- [Directions]
Drop the pictures; give again exactly the lines from the one holding "Outdoor All-in-one ESS cabinet" through the end of the data.

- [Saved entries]
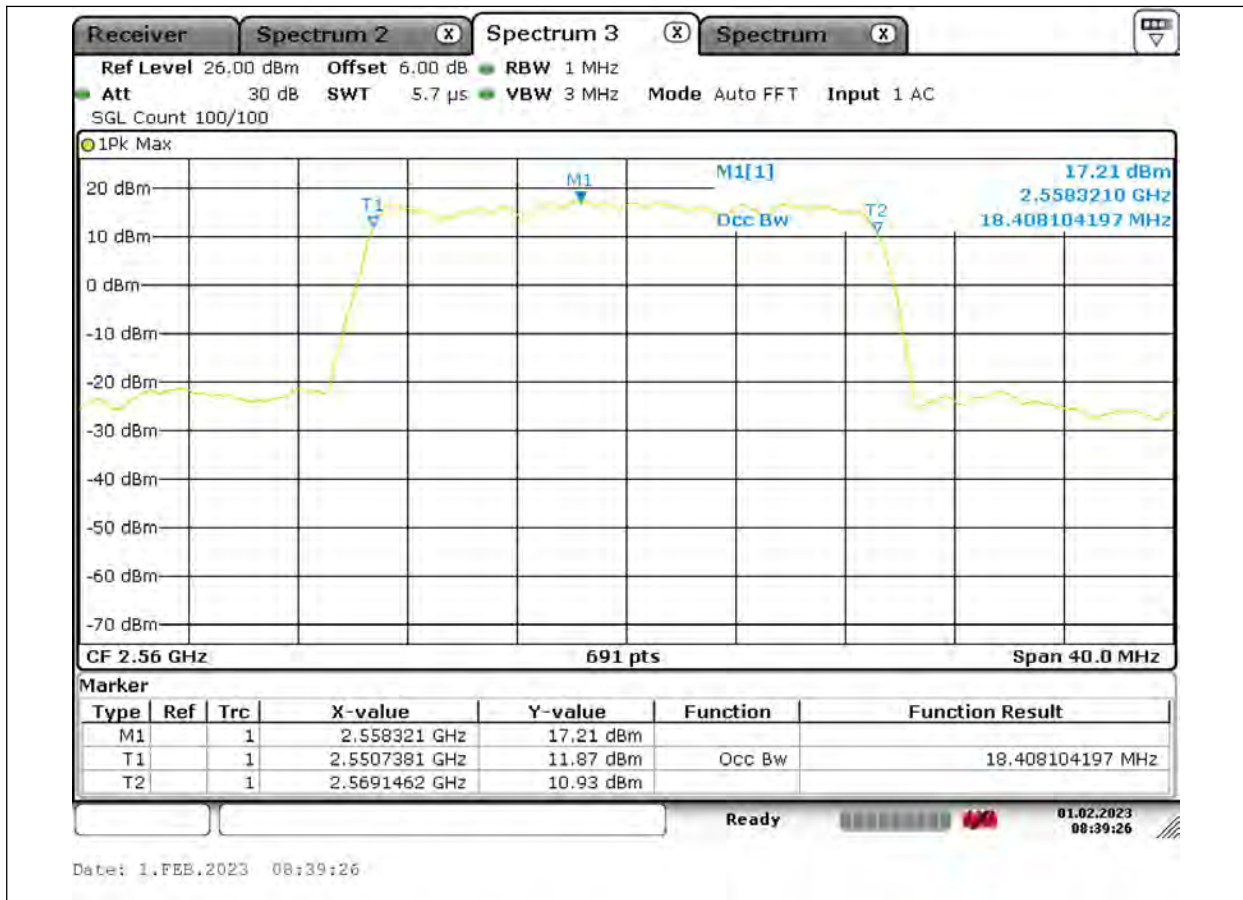

BUREAU VERITAS

Test Report No.: PSU-QSU2309010110RF03

Band7-5MHz-64QAM-20775-25RB#0
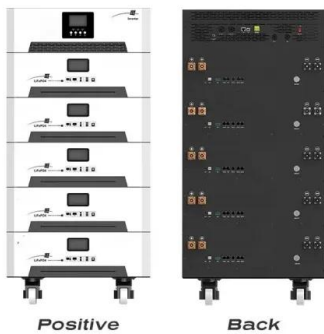

Energy storage(KWH)

102.4kWh

Nominal voltage(Vdc)

512V

Outdoor All-in-one ESS cabinet

Christmas on Easter Island, Easter on Christmas ...

Christmas Island is located 2600km north-west of Perth, Western Australia. Even though it is an Australian Territory, its closest neighbour is Java, 360km away. Christmas Island is often referred to as the Galapagos ...
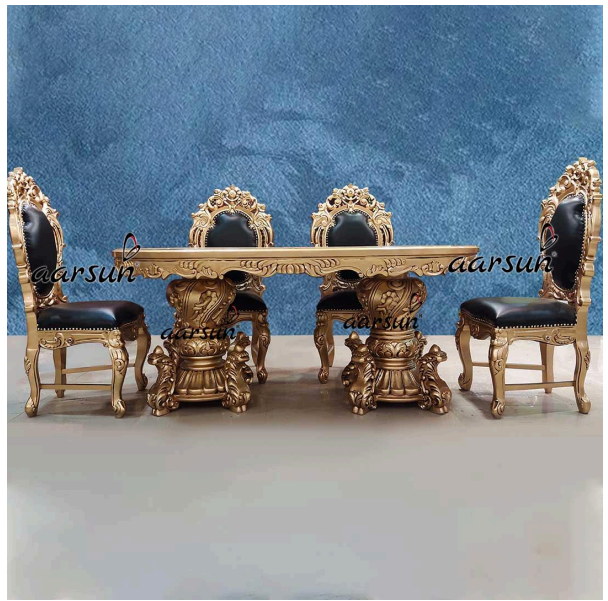

DINING TABLE DESIGN

Whatsapp: [+918192999135](https://wa.me/+918192999135) Tel: [+918192999135](https://wa.me/+918192999135)

URL: <https://aarsunwoods.com/product-category/dining/>

Website : <https://aarsunwoods.com/>
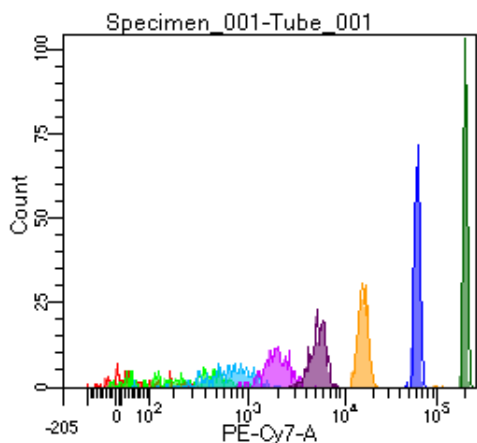

BD FACSDiva 9.0

Tube: Tube_001

Population	#Events	%Parent	%Total
All Events	2,889	####	100.0
P1	1,785	61.8	61.8
P2	113	6.3	3.9
P3	219	12.3	7.6
P4	216	12.1	7.5
P5	220	12.3	7.6
P6	227	12.7	7.9
P7	238	13.3	8.2
P8	274	15.4	9.5
P9	274	15.4	9.5

- [Expected output]
Outdoor All-in-one ESS cabinet

Christmas on Easter Island, Easter on Christmas ...

Christmas Island is located 2600km north-west of Perth, Western Australia. Even though it is an Australian Territory, its closest neighbour is Java, 360km away. Christmas Island is often referred to as the Galapagos ...

DINING TABLE DESIGN

Whatsapp: [+918192999135](https://wa.me/+918192999135) Tel: [+918192999135](https://wa.me/+918192999135)

URL: <https://aarsunwoods.com/product-category/dining/>

Website : <https://aarsunwoods.com/>

BD FACSDiva 9.0

Tube: Tube_001

Population	#Events	%Parent	%Total
All Events	2,889	####	100.0
P1	1,785	61.8	61.8
P2	113	6.3	3.9
P3	219	12.3	7.6
P4	216	12.1	7.5
P5	220	12.3	7.6
P6	227	12.7	7.9
P7	238	13.3	8.2
P8	274	15.4	9.5
P9	274	15.4	9.5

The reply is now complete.